An electric current optical sensor based on a passive prototype magnetostriction device for high power applications was developed and demonstrated by Satpathi et al. [66]. The optical current sensor concept was achieved by attaching a piece of Terfenol‑D to a FBG, thus producing mechanical strain that was proportional to the magnetic field amplitude. In order to obtain a linear response from the magnetostrictive alloy, the material was subjected to mechanical pre-stress and DC magnetic field bias tuning. The sensor had a linear electrical current range from 100–1,000 A, with a measured phase shift of 30° for a frequency signal at 60 Hz.

Li et al [67] demonstrated a magnetic field sensor based on dual FBG configuration consisting essentially in a rod of Terfenol‑D attached to the optical fiber. One of the gratings was fixed on both ends of the magnetostrictive alloy, while the other was only attached on one point, being the other end free to move. The configuration of dual FBGs was employed for point measurement reference and for easy temperature compensation. The maximum sensitivity achieved was 0.018 nm/mT when the applied magnetic flux density was smaller than 70 mT.
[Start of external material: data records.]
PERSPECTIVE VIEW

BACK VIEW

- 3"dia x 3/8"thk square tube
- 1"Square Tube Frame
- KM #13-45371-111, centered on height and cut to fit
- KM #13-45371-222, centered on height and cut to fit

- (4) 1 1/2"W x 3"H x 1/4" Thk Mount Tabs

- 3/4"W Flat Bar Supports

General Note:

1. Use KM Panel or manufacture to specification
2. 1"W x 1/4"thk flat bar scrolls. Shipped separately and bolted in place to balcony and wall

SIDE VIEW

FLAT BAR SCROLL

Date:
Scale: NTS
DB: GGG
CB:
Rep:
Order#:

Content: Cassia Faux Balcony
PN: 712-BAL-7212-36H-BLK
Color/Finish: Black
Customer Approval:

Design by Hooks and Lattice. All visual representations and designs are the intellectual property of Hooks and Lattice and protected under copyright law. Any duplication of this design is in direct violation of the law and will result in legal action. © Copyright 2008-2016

In 2006, Mora et al. [68] presented a fiber optic AC current sensor for high voltage lines based on an uniform FBG mounted on a Terfenol‑D piece. An innovative way of processing the optical signal from the sensing head allowed a simultaneous measurement of temperature and the AC current. The first physical parameter was coded on wavelength shift, while the second one was coded on the amplitude of the signal. The sensor could also operate at long distances with a capacity to be multiplexed.
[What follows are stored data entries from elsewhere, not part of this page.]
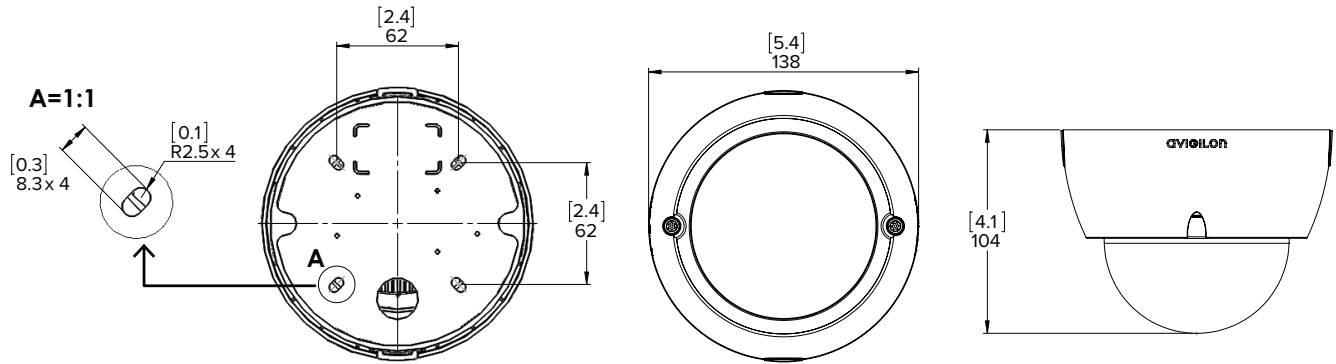

Outline Dimensions

Surface Mount Dome Camera (H3-D)

[X.X]	INCHES
X	MM

In-Ceiling Dome Camera (H3-DC)

Ordering Information

SURFACE MOUNT INDOOR DOME CAMERAS

1.0-H3-D1	1.0 Megapixel Day/Night H.264 HD 3-9 mm Indoor Dome Camera
1.0-H3-D1-IR	1.0 Megapixel Day/Night H.264 HD 3-9 mm Indoor Dome Camera with IR Illuminator
1.0-H3-D2	1.0 Megapixel Day/Night H.264 HD 9-22 mm Indoor Dome Camera
1.3L-H3-D1	1.3 Megapixel H.264 HD 3-9 mm Indoor Dome Camera with LightCatcher Technology
1.3L-H3-D2	1.3 Megapixel H.264 HD 9-22 mm Indoor Dome Camera with LightCatcher Technology
2.0-H3-D1	2.0 Megapixel Day/Night H.264 HD 3-9 mm Indoor Dome Camera
2.0-H3-D1-IR	2.0 Megapixel Day/Night H.264 HD 3-9 mm Indoor Dome Camera with IR Illuminator
2.0-H3-D2	2.0 Megapixel Day/Night H.264 HD 9-22 mm Indoor Dome Camera
3.0W-H3-D1	3.0 Megapixel WDR Day/Night H.264 HD 3-9 mm Indoor Dome Camera
3.0W-H3-D1-IR	3.0 Megapixel WDR Day/Night H.264 HD 3-9 mm Indoor Dome Camera with IR Illuminator
3.0W-H3-D2	3.0 Megapixel WDR Day/Night H.264 HD 9-22 mm Indoor Dome Camera
5.0-H3-D1	5.0 Megapixel Day/Night H.264 HD 3-9 mm Indoor Dome Camera
5.0-H3-D1-IR	5.0 Megapixel Day/Night H.264 HD 3-9 mm Indoor Dome Camera with IR Illuminator
5.0-H3-D2	5.0 Megapixel Day/Night H.264 HD 9-22 mm Indoor Dome Camera
H3-D-SMOKE	Dome Camera Cover with Smoked Bubble

Also a sensor for simultaneous measurement of AC current and temperature was reported by Reilly et al. [69]. The device was composed of a magnetically biased Terfenol‑D piece fixed to one FBG. The sensor was capable of measuring AC current at temperatures from 18 °C to 90 °C. The nonlinear effects originated by the magnetostrictive alloy were identified and methods for compensating these effects were proposed.

A hysteresis compensation technique for a magnetic field sensor, containing a magnetostrictive alloy device, was presented by Davino et al. [70]. The sensing head integrated a rod of Terfenol‑D and a FBG. Due to the nonlinear effects taking place in such materials the magneto elastic material was accurately modeled in order to compensate for hysteresis. The algorithm allowed the improvement in the sensor performance.

In 2009 and for the first time, a fiber optic magnetic field sensor with a thin film of Terfenol‑D instead of the bulk magnetostrictive materials was reported by Yang et al. [71] as shown in Figure 15. By magnetron sputtering deposition process, Terfenol‑D thin films were deposited on etched FBGs. Two methods to improve the sensitivity were demonstrated. In one, the magnetostrictive alloy was deposited over different diameters of cladding-etched FBGs. The maximum sensitivity response to magnetic field was 0.95 pm/mT for an 85 μm diameter sensor. The other method was coating FBGs with a layer of magnetostrictive alloys (FeNi and Terfenol‑D) and a multilayer with both materials. The multilayer has the highest sensitivity of 1.08 pm/mT. In this experiment, the authors not only reduced the dimensions of the sensor, but also improved the sensitivity to magnetic field.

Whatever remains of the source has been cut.